Raising the groundwater level in peat can, conversely, cause emissions of nitrous oxide and methane. Where and when does this happen, and how high can you raise the groundwater level without these kinds of undesirable side effects? 

A more integrated and area-based approach to peatlands is therefore necessary to properly weigh land-use desires. Peatlands host important natural areas such as raised bogs, stream valleys, wetlands, and marshes. For these areas, methods are being sought to preserve or restore natural values: for example, by (re)wetting areas and allowing the peat to grow again. They can then also serve as carbon storage sites. 

Wageningen University & Research is a partner in research projects working on peat conservation in agricultural and natural areas. With experiments and model studies, Wageningen scientists gather insight into the effects of measures in the peatlands. Model studies indicate what happens when we apply measures on a large scale. 

Peatlands can be a habitat for a wide variety of plant and animal species, and thus a source of biodiversity. In peatlands that were drained and excavated in the past, peat-forming vegetation can be restored. This can also be done in stream valleys. This also helps to retain water. 

Wet peat meadow areas are an important habitat for meadow birds. Populations of meadow birds have been declining for decades. Large-scale wetting of peat meadow areas offers opportunities for developing suitable habitat for meadow birds. Meadow birds do need grassland, so agricultural management must be carefully designed. 

Wageningen University & Research investigates the development of ecosystems in peatlands and possibilities for the restoration of wet natural areas, peat marshes, and stream valleys. In the short term, we look at the effects of land use and restoration measures on ecological processes. In the long term, we look at the effects of climate change on peat ecosystems. 

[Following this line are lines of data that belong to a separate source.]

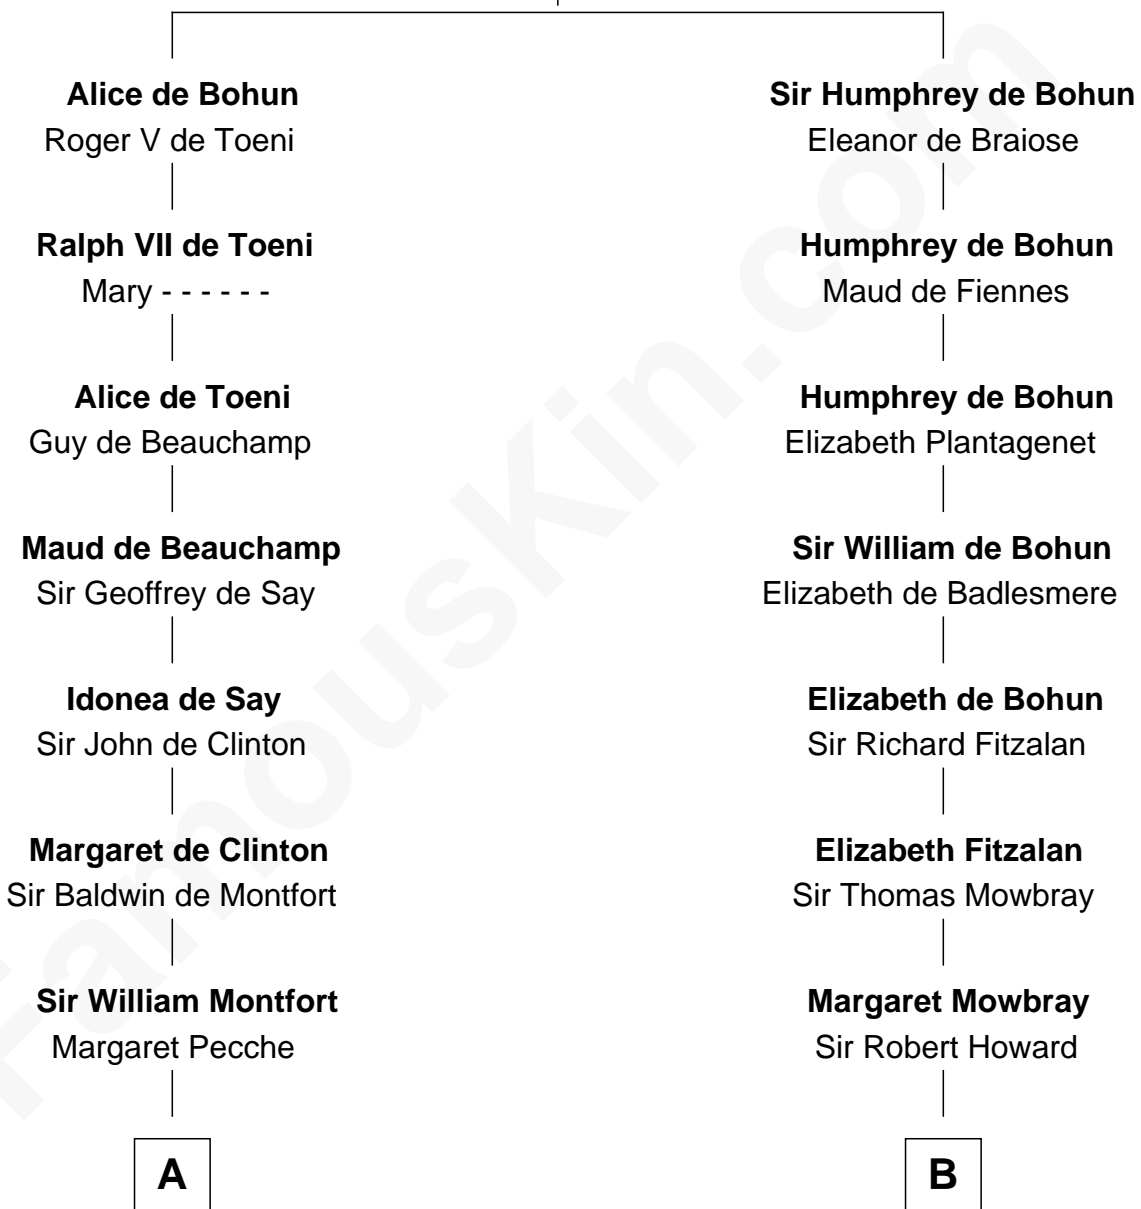

# FamousKin.com Relationship Chart of

**Abraham Baldwin**

*Signer of the U.S. Constitution*

19th cousin 2 times removed of

**William Fishback**

*17th Governor of Arkansas*

**Sir Humphrey de Bohun**

Maud of Eu

**C**

**Timothy Baldwin**  
Bathsheba Stone

**Michael Baldwin**  
Lucy Dudley

**Abraham Baldwin**  
*Signer of the U.S. Constitution*

**D**

**Elizabeth Randolph**  
William Yates

**William Yates**  
Anne Isham Poythress

**Benjamin Poythress Yates**  
Elizabeth Frances Stith

**Sophia Ann Yates**  
Frederick Fishback

**William Fishback**  
*17th Governor of Arkansas*

A large part of the Dutch subsurface consists of peat. Peat landscapes have emerged from an interplay between man and nature. Parts have been excavated for peat extraction or have disappeared due to oxidation. Other peat areas have become submerged because the soil subsided when they were drained. 

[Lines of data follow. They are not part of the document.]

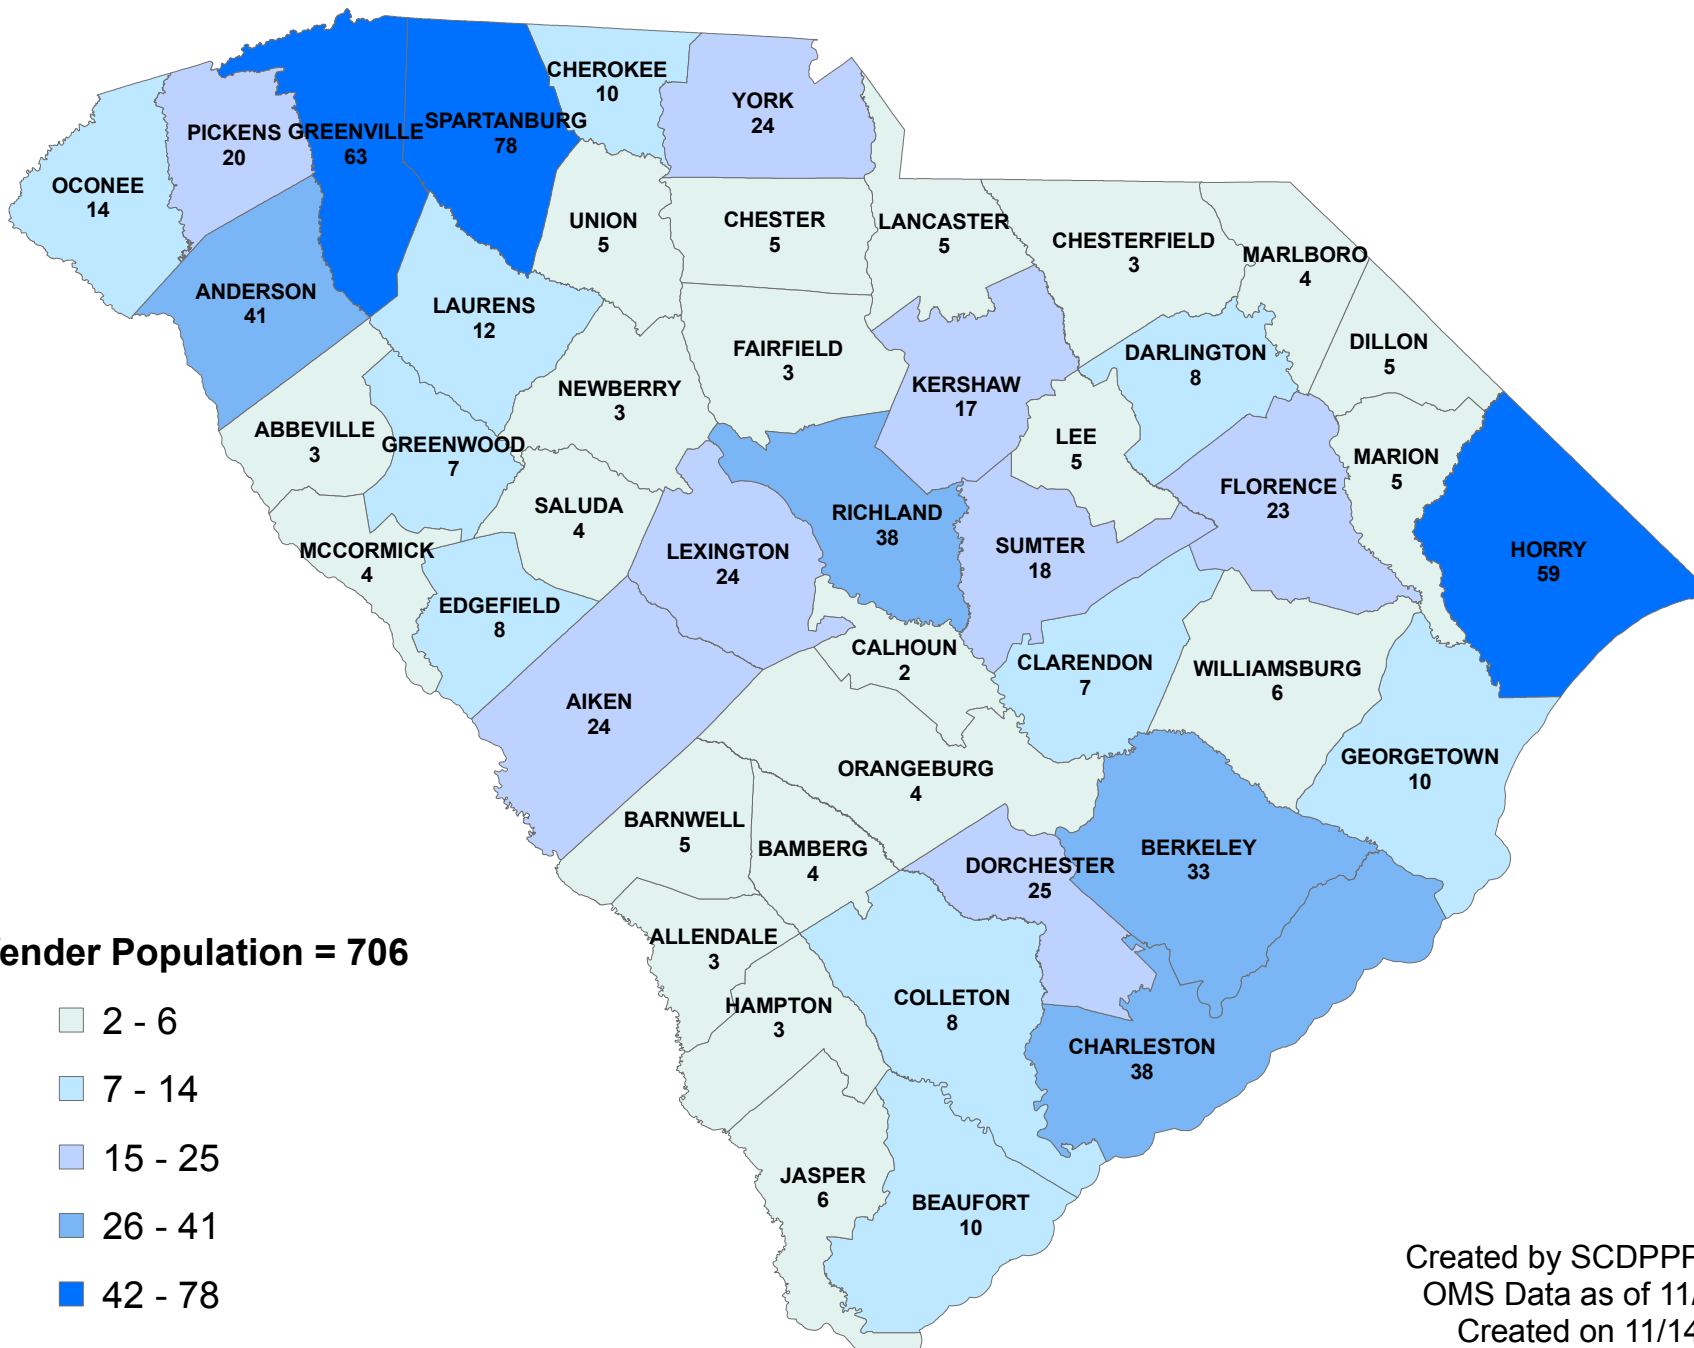

SCDPPPS Supervised Population with Current Sex Offense

November 13, 2017

Sex Offender Population = 706

- 2 - 6
- 7 - 14
- 15 - 25
- 26 - 41
- 42 - 78

Created by SCDPPPS SDS
OMS Data as of 11/13/17
Created on 11/14/17

In the peat landscapes we still have in the Netherlands, we find traces of past habitation and other uses. For this reason, our raised bog landscapes are also called archaeological treasure troves. However, peat landscapes are also sources of geological information. Information about the origin of the areas and the properties and behavior of different types of peat is stored in the geomorphology and soil types of these landscapes. 

Knowledge about the origin of peat landscapes in the past and their development is necessary to develop and preserve them for the future as natural areas, habitats, and cultural-historical heritage. Which peat-forming ecosystems can we bring back to the Netherlands? 

Wageningen University & Research investigates interactions between peat landscapes and humans over long timescales. We create reconstructions and projections of peat growth in raised bog landscapes and research the landscape history of peat areas. We create maps of landforms and soil types in peat areas and monitor vegetation with drones.

Peat landscapes make up a large part of the Netherlands and form our soft subsurface. To live in these landscapes, we must organize and use them in clever ways. How can we practice agriculture there without the soil subsiding further and without more greenhouse gases being released, while ensuring farmers have a viable income? Plants and trees on farmyards can contribute to biodiversity in peat meadow areas, and farmers can earn additional income from this. Are forms of residential construction possible on the soft subsurface? What will the landscape look like in the future? 

Peat researchers at Wageningen University & Research create visions for the long-term design of peatlands that are resistant to a changing climate. They search for business models and designs that fit the soil-water system in peatlands and for new forms of agriculture and nature that are adapted to them.